In order to achieve the above object, a wireless communication device of the present invention provides:
A first wireless communication unit that performs first wireless communication using any of the plurality of channels in a first frequency band to which a plurality of channels are assigned;
A second wireless communication unit that performs second wireless communication using a second frequency band lower than the first frequency band and having a different access method from the first wireless communication;
A third wireless communication unit that performs third wireless communication using a third frequency band higher than the first frequency band and having a different access method from the first and second wireless communication;
When the first wireless communication unit and one wireless communication unit of the second and third wireless communication units compete, the first wireless communication unit and the one wireless communication unit, respectively, A control unit that determines a channel used by the first wireless communication unit based on a change in a reception state before and after operation of the other wireless communication unit of the second and third wireless communication units.

The wireless access control method of the present invention
Performing first wireless communication using any of the plurality of channels in a first frequency band to which a plurality of channels are assigned;
Using a second frequency band lower than the first frequency band, performing a second wireless communication having a different access method from the first wireless communication;
Using a third frequency band higher than the first frequency band, performing a third wireless communication having a different access method from the first and second wireless communication,
When the first wireless communication and one of the second and third wireless communication compete, the second and third wireless communication respectively of the first wireless communication and the one wireless communication Determining a channel used by the first wireless communication based on a change in reception state before and after the execution of the other wireless communication of the wireless communication.

  According to the present invention, it is possible to avoid a significant deterioration of any RF characteristic of the wireless communication unit, and thus it is possible to provide a stable RF operation.

It is a block diagram which shows the structure of the radio | wireless communication apparatus which is one Embodiment of this invention. It is a figure which shows the use frequency band and transmission power distribution of each radio | wireless communication part of the radio | wireless communication apparatus shown in FIG. 3 is a flowchart showing a procedure of access control of the wireless communication apparatus shown in FIG. 1. 3 is a flowchart showing a procedure of access control of the wireless communication apparatus shown in FIG. 1. 3 is a flowchart showing a procedure of access control of the wireless communication apparatus shown in FIG. 1.

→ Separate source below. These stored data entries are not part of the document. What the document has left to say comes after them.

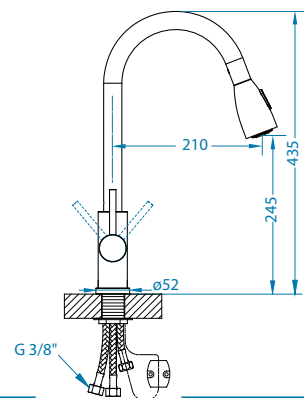

Primrose

površina	šifra	*MPC EUR/kom
SAT	1148261	129,00 €
G55	1148263	129,00 €
G91	1148264	129,00 €
mat black	1148265	129,00 €

ALVEUS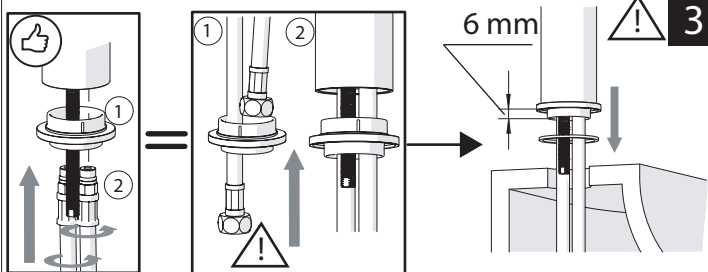

118/1

C2

118/1

2

3

4

5

Dispositivo limitatore "dinamico" della portata d'acqua "50%"

"Dinamic" flow rate restrictor "50%"

VARIE POSSIBILITA' PER SMONTARE L'AERATORE  
SEVERAL OPTIOS FOR REMOVING AERATOR

ESEMPI DISEGNO TECNICO  
EXAMPLES OF TECHNICAL DRAWING

6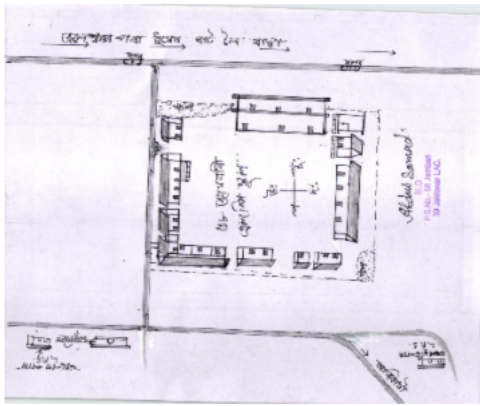

Nazri Naksha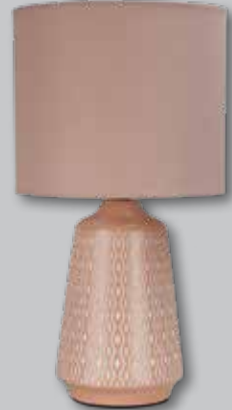

OL90161GY

Jenny Grey
H46 Shade D24
E27 60w

OL90161GN

Jenny Green
H46 Shade D24
E27 60w

OL90151GY

Moana Grey
H45 Shade D24
E27 60w

OL90151PK

Moana Pink
H45 Shade D24
E27 60w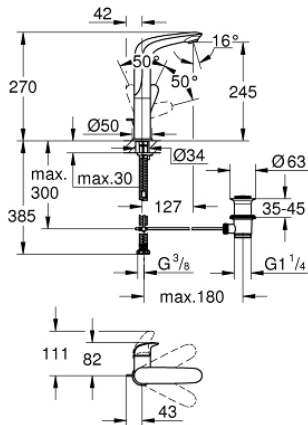

23 584 001 WAVE GRIFERÍA PARA LAVABO 1/2" TAMAÑO L

DESCRIPCIÓN DEL PRODUCTO

- Colour: Cromo
- Instalación en un solo orificio
- Palanca metálica
- GROHE SilkMove cartucho cerámico 2.8 cm
- Con limitador de temperatura
- GROHE LongLife acabado
- mousseur 5.7 lpm
- Salida giratoria
- Área de giro 360°
- Mangueras de conexión flexible
- Incluye desagüe automático 1 1/4"
- GROHE FastFixation rápido sistema de instalación
- Incluye GROHE QuickTool

23 584 001 WAVE GRIFERÍA PARA LAVABO 1/2" TAMAÑO L

RECAMBIOS , junio 2019 – now

- 1: palanca (Spare part-nr. 46953000)
 - 2: Anillo de fijación (Spare part-nr. 46715000)
 - 3: Cartucho (Spare part-nr. 46580000)
 - 4: Mousseur completo (Spare part-nr. 48159000)
 - 5: Varilla del vaciador (Spare part-nr. 46739000)
 - 6: Juego fijación (Spare part-nr. 46671000)
 - 7: Vaciador automático 1 1/4" (Spare part-nr. 28910000)
 - 7.1: Tapón del vaciador (Spare part-nr. 07182000)
 - 7.2: varilla exéntrica (Spare part-nr. 07052000)
 - 8: varilla exéntrica (Spare part-nr. 07341000)*
 - 9: Llave de tubo larga (Spare part-nr. 19017000)*
- * Optional accessories

  Next, embodiments of the present invention will be described with reference to the drawings.

  FIG. 1 shows a configuration of a wireless communication apparatus according to an embodiment of the present invention.

  As shown in FIG. 1, the wireless communication device is a mobile terminal that can perform wireless communication using a plurality of different communication bands, and the main part thereof is a wireless communication unit 10, 20. , 30 and the control unit 40.

  The wireless communication unit 10 performs data communication using the WiMAX band, and includes switches 11, 12, 13, filters 14, 15, 16, reception units (WiMAX_RX) 17, 18, and transmission unit (WiMAX_TX). 19 The WiMAX band is, for example, 2.595 GHz to 2.625 GHz, and this band is used for each of transmission and reception. In communication using WiMAX, communication in a wider range is possible at a higher speed than communication using WLAN.

  Each of the switches 11 to 13 includes first to third terminals. In the switch 11, the first terminal is connected to the antenna Ant 1, the second terminal is connected to the receiving unit 417 through the filter 14, and the third terminal is connected to the first terminal of the switch 12. . The switch 11 has a first state in which the first terminal and the second terminal are connected according to a switching signal from the control unit 40, and a second state in which the first terminal and the third terminal are connected. Switch between states.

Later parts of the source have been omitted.